### What you are asked to do
A faithful repeat of all the records, with no image kept, is the required answer.

Collected data:
* * * * *
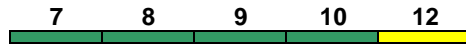

IC 2390 Stuttgart Hbf Frankfurt(M)Hbf

200 km/h < Stuttgart Hbf - Frankfurt(M)Hbf

"Messe-IC"

Bimdz Bimz Bimz Bimz Avmz
Kleinkindabteil 10 **Abteil für Behinderte**

10, 12 rollstuhlgerecht --- **Fahrrad** 7
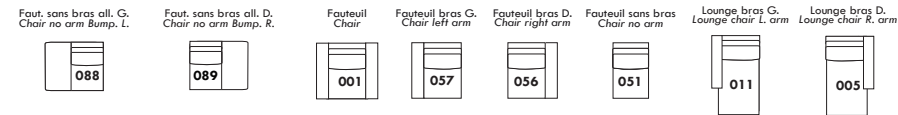

1 Siège/Seater
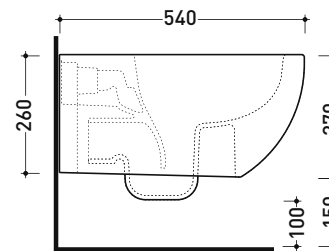

vista laterale / lateral view
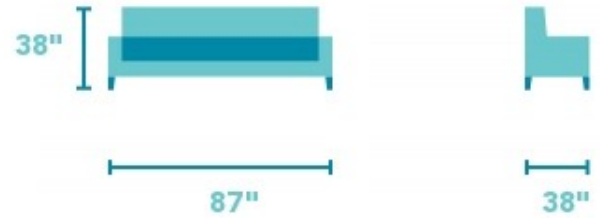

# Winston

FABRIC SOFA | 5997-31

87"W x 38"D x 38"H  
20"SH x 68"SW x 22"SD x 27"AH
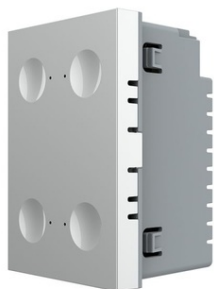

Furnizor: **Sc Trivolt Distribution SRL**
Reg. com.: J23/3300/2016
CIF: RO36421140
Adresa: Strada Apusului nr 3 (primul
sens giratoriu Tehodor Pallady-
Autostrada Soarelui), Catelu, Ilfov
Banca: BRD
IBAN: RO34BRDE441SV13182234410

LIVOLO
LIVE ON LOVE

**LIVOLO MODUL INTRERUPATOR CVADRUPLU TACTIL, CAP SCARA /
CAP CRUCE, STANDARD ITALIAN, 3M GRI**

Pachetul contine modulul de intrerupator.
Rama de sticla+suport/rama metalica se achizitioneaza separat. Produs: Intrerupator
tactil (touch)
Tip: Cvadruplu
Functii: Cap-Scara / Cruce
Utilizare: Rezidential / General
Panou/Rama inclus(a): Nu
Durata medie de viață: 100.000 de acțiunifri
Tensiune de functionare: AC 200-250 V / 50~60 Hz
Impfămantare: Nu
Mod de funcționare: Touch screen (prin atingere)
Montaj: Ingropat
Standard: Modular / Italian
Număr doze standard: Doză modulară pentru 3 module
Certificări: CE, RoHS
CCC, CE, RoHS
Pret: 115,88 lei (TVA inclus)

Detalii online: <https://www.materialeelectrice.ro/modul-intrerupator-cvadruplu-tactil-cap-scara-cap-cruce-standard-italian-3m-gri-31551>
* * * * *
### Solution
IC 2390 Stuttgart Hbf Frankfurt(M)Hbf

200 km/h < Stuttgart Hbf - Frankfurt(M)Hbf

"Messe-IC"

Bimdz Bimz Bimz Bimz Avmz
Kleinkindabteil 10 **Abteil für Behinderte**

10, 12 rollstuhlgerecht --- **Fahrrad** 7

1 Siège/Seater

vista laterale / lateral view

# Winston

FABRIC SOFA | 5997-31

87"W x 38"D x 38"H  
20"SH x 68"SW x 22"SD x 27"AH

Furnizor: **Sc Trivolt Distribution SRL**
Reg. com.: J23/3300/2016
CIF: RO36421140
Adresa: Strada Apusului nr 3 (primul
sens giratoriu Tehodor Pallady-
Autostrada Soarelui), Catelu, Ilfov
Banca: BRD
IBAN: RO34BRDE441SV13182234410

LIVOLO
LIVE ON LOVE

**LIVOLO MODUL INTRERUPATOR CVADRUPLU TACTIL, CAP SCARA /
CAP CRUCE, STANDARD ITALIAN, 3M GRI**

Pachetul contine modulul de intrerupator.
Rama de sticla+suport/rama metalica se achizitioneaza separat. Produs: Intrerupator
tactil (touch)
Tip: Cvadruplu
Functii: Cap-Scara / Cruce
Utilizare: Rezidential / General
Panou/Rama inclus(a): Nu
Durata medie de viață: 100.000 de acțiunifri
Tensiune de functionare: AC 200-250 V / 50~60 Hz
Impfămantare: Nu
Mod de funcționare: Touch screen (prin atingere)
Montaj: Ingropat
Standard: Modular / Italian
Număr doze standard: Doză modulară pentru 3 module
Certificări: CE, RoHS
CCC, CE, RoHS
Pret: 115,88 lei (TVA inclus)

Detalii online: <https://www.materialeelectrice.ro/modul-intrerupator-cvadruplu-tactil-cap-scara-cap-cruce-standard-italian-3m-gri-31551>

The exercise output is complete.